[[ Input material open ]]

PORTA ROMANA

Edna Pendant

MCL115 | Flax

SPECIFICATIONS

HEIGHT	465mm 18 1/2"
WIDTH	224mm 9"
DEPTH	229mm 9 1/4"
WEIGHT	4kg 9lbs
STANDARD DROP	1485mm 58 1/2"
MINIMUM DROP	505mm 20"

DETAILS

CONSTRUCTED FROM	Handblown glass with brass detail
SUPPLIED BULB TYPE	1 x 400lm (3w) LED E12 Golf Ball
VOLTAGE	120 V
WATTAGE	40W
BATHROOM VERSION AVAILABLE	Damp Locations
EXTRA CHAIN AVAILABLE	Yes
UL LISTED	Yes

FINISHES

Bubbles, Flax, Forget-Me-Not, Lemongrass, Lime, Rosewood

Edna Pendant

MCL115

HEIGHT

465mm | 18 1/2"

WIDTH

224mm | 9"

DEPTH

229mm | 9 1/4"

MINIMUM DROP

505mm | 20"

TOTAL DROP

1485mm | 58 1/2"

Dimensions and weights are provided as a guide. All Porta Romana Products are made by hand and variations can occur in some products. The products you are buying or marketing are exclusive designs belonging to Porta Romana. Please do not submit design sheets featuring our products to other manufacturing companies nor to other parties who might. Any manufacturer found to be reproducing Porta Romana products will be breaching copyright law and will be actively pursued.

[[ Input material closed ]]
[[ Input material open ]]

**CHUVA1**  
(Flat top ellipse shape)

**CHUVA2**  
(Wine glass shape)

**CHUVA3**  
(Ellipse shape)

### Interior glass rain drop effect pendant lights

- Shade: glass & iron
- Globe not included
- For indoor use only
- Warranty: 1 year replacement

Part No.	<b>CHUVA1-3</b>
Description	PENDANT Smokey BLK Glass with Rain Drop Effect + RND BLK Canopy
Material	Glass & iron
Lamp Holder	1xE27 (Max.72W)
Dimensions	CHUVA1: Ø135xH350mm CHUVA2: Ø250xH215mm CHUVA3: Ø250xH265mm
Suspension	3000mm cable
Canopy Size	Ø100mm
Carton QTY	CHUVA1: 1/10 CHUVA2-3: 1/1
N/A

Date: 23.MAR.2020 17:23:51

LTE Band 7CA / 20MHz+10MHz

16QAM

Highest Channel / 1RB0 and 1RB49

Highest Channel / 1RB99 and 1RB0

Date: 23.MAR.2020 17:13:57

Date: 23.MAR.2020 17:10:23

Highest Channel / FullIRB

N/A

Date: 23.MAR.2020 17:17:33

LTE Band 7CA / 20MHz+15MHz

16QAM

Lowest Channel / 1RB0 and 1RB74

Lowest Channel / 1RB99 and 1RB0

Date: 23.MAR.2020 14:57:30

[[ Input material closed ]]

• **Exercise**
In the entries above, find the line holding "Bubbles, Flax, Forget-Me-Not, Lemongrass, Lime, Rosewood" and the line holding "1485mm | 58", then retype exactly those two lines and every line between them, and nothing else.

• **Result**
Bubbles, Flax, Forget-Me-Not, Lemongrass, Lime, Rosewood

Edna Pendant

MCL115

HEIGHT

465mm | 18 1/2"

WIDTH

224mm | 9"

DEPTH

229mm | 9 1/4"

MINIMUM DROP

505mm | 20"

TOTAL DROP

1485mm | 58 1/2"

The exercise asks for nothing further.